Part recognition by OCR and Computer Vision – Industrie 4.0
Publiée le May 16, 2025
Publiée le May 16, 2025
In industrial and railway workshops, fast, reliable identification of spare parts is essential. Paper catalogs or manual databases slow technicians down: a search can take fifteen to twenty minutes, and identification errors cause delays and additional costs. The arrival ofAI-enhanced OCR (Optical Character Recognition ) and computer vision solutions is changing the game: they can recognize part codes, markings and even component geometry with great precision.
Traditional OCR, based on heuristic models, comes up against several obstacles: lighting variations, curved labels, reflective surfaces, damaged characters, non-standard fonts and irregular formats. NewOCR toolsusing artificial intelligence overcome these limitations by relying on neural networks trained on huge datasets. According to a study by Automation World, these new OCRs are capable of reading codes on curved or reflective surfaces, and interpreting text even when the characters are distorted. For example:
Cognex ViDi EL: a suite of deep learning tools that verifies dates and batches on pet food cans, delivering reliable results even under difficult conditions.
Matrox Design Assistant: software based on a pre-trained model capable of reading non-standard fonts on Ben & Jerry’s ice-cream lids, reducing the need for manual intervention.
These tools combine character recognition with full image analysis (edge detection, position tracking) to enhance robustness. They can be coupled with part libraries, to check consistency between the printed code and the part physically observed.
At the same time, startups have developed solutions that go beyond OCR and use computer vision to identify parts without visible codes. Notable initiatives include:
Partium – the result of the merger of Slyce (USA), Catchoom (Spain) and Humai (Austria). According to Design World, this company offers a part recognition system for industrial environments, capable of achieving a recognition rate of over 95% thanks to the combination of computer vision and a proprietary AI called Delta. The solution is available as a mobile application, software development kit (SDK) or warehouse kiosk. It reduces identification time, avoids errors and offers machine builders a new after-sales channel.
Synthavo – this startup offers an API for parts recognition. By taking a photo of a component, the AI identifies the model in a matter of seconds. The aim is to reduce search times and increase after-sales service revenues for equipment manufacturers.
Part-finder Kiosk – Partium has commercialized an in-store search kiosk that lets you place a part in a device and immediately obtain its ID and stock location. According to Design World, the kiosk uses a vision system to recognize parts and indicates exactly where to retrieve them.
PapAI (Datategy) – in addition to its data analysis functions, the PapAI platform offers part recognition modules incorporating machine learning, natural language processing and convolutional neural networks (CNN). An article by Datategy points out that AI enables accurate searches even when data is incomplete or confusing, thanks to features such as image recognition, contextual search and result prediction. AI improves user satisfaction and reduces misidentification.

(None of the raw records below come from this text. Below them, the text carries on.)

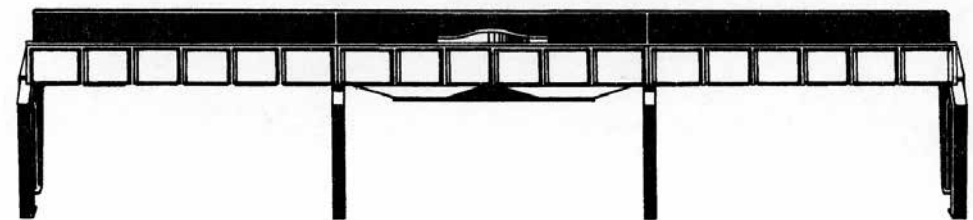

Selbstentladewagen

4-Bay Side Hopper

Wagon à déchargementn automatique

4-轴有盖漏斗车

Wichtige Informationen sind in der Verpackung und in der Anleitung enthalten. Bitte bewahren Sie diese auf.

PIKO - Entladebrücke #61122

Unloading gantry #61122

Ponte de déchargement #61122

卸货装置 #61122
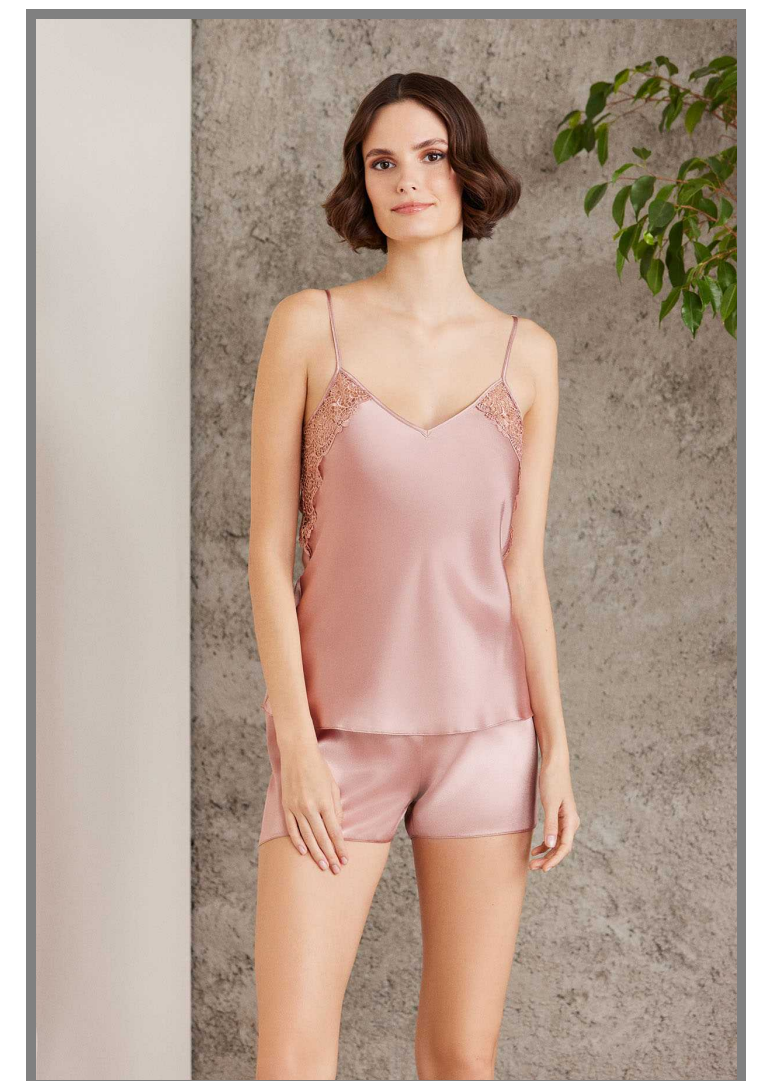

6000

ALTILI TAKIM / BRIDAL SET

S-M-L-XL

Brandy - Cinnamon
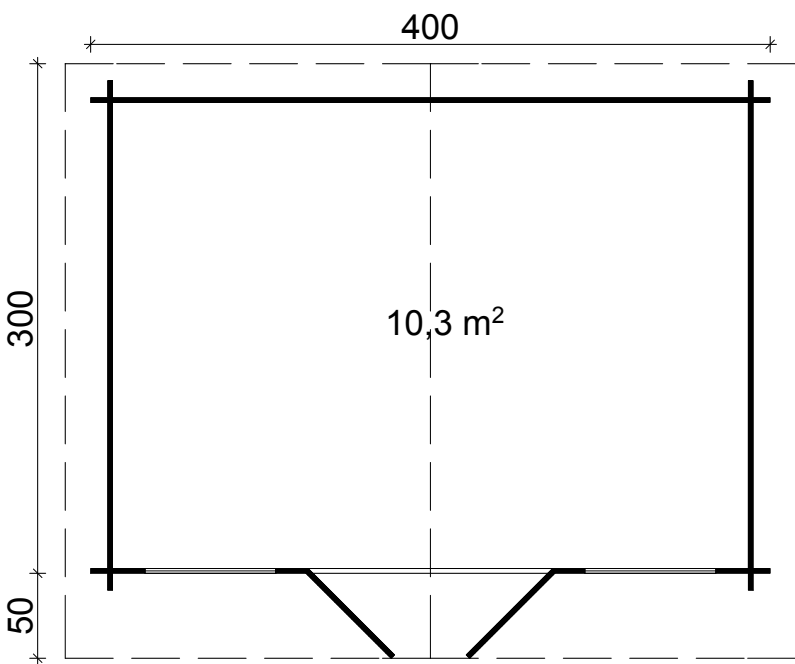

300x250 cm

280x230 cm

28 mm

205 cm

257 cm

ca. 6,2 m²

ca. 12,5 m²

14,2 m³

Aktuelle Preise und Angebote im Internet unter: www.tene-kaubandus.com

HOBY NERVION 111209

400×300 cm	380×280 cm	28 mm	194 cm	245 cm	10,3 m ²	ca. 16,1 m ²	ca. 22,6 m ³
16°	50 cm	18 mm	18 mm	45×70 mm	1425×1775 mm	2×765×990 mm	✓

Modern systems combine several building blocks:
Computer vision and CNN: models analyze the shape, texture and color of parts. They are able to differentiate between visually similar components and reduce errors due to ambiguous descriptions.
Natural Language Processing: to interpret textual queries (descriptions, incomplete serial numbers). NLP breaks down queries, corrects errors and searches for matches in the parts database.

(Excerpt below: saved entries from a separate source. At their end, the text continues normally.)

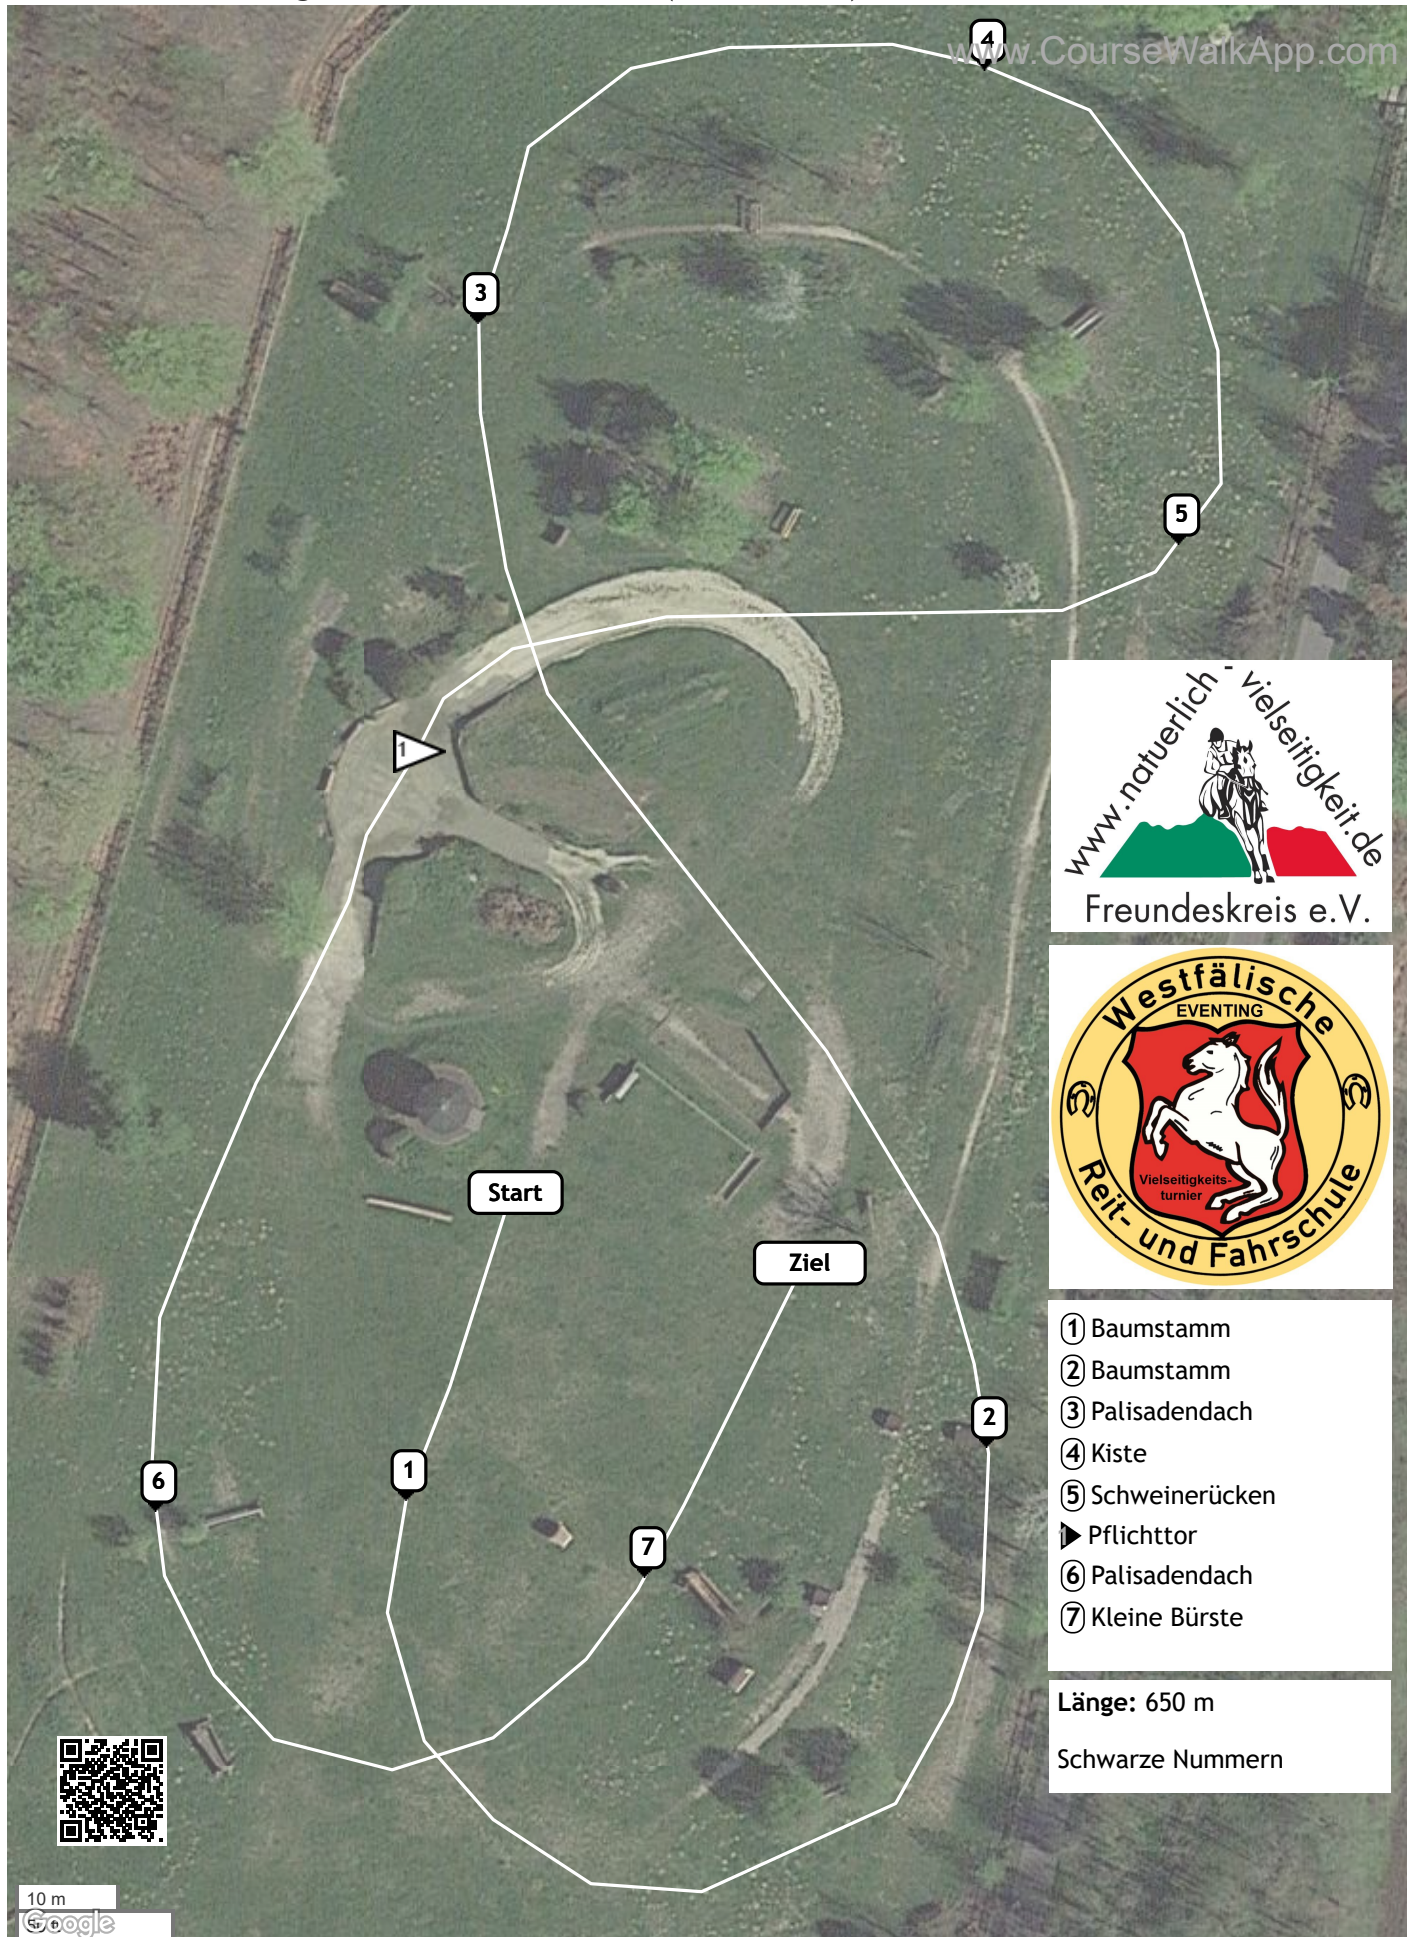

WBO Geländetag - WRFS - Mai 2023 (ID: 34671) - Geländereiter WB - 70cm

www.CourseWalkApp.com

- ① Baumstamm
- ② Baumstamm
- ③ Palisadendach
- ④ Kiste
- ⑤ Schweinerücken
- ▶ Pflichttor
- ⑥ Palisadendach
- ⑦ Kleine Bürste

Länge: 650 m

Schwarze Nummern

10 m
Google

Contextual search: algorithms combine image, text and context data (e.g. type of locomotive, assembly used) to refine results.
Predictive analytics: models forecast which components will be needed, based on consumption history and failure trends.
To implement such a solution, the company needs to prepare its data: collect and standardize its catalogs, standardize parts lists, and enrich part sheets with metadata (dimensions, photos, compatibilities). Model formation requires labeled data sets, including photos of parts from different angles and lighting. Models must be evaluated according to precision and recall metrics to guarantee their reliability.
Some railway companies have already implemented AI-based part search solutions:
Deutsche Bahn: the German rail operator has deployed a parts search engine, reducing identification time from 15-20 minutes to just a few seconds. More than 10,000 technicians use it, saving around 16,800 working days a year.
ÖBB (Austria): inspired by Deutsche Bahn’s experience, ÖBB has equipped around 800 agents with a visual search engine. Search times have been considerably reduced, and the company plans to extend the tool to other teams.
ConMoto Consulting: this consulting firm uses AI to optimize parts management. AI helps decide which parts to stock, by analyzing historical data, usage trends and consumption patterns. This improves accuracy and reduces errors.
These examples show that AI-based part recognition can save time, increase reliability and boost productivity. It fits into a broader continuum: predictive maintenance uses visual recognition to prepare interventions, while intelligent planning (article 3) will assign tasks taking available parts into account.
For a railway workshop, rapid parts recognition is strategic: when a locomotive is immobilized, every minute counts. An AI system coupled with a search kiosk or mobile application would enable technicians to photograph a part, obtain the part number and immediately see its availability. The system could also suggest alternative parts and automatically launch the order if stock is insufficient. Combined with predictive maintenance and load planning, this reduces downtime, optimizes inventory and improves customer satisfaction.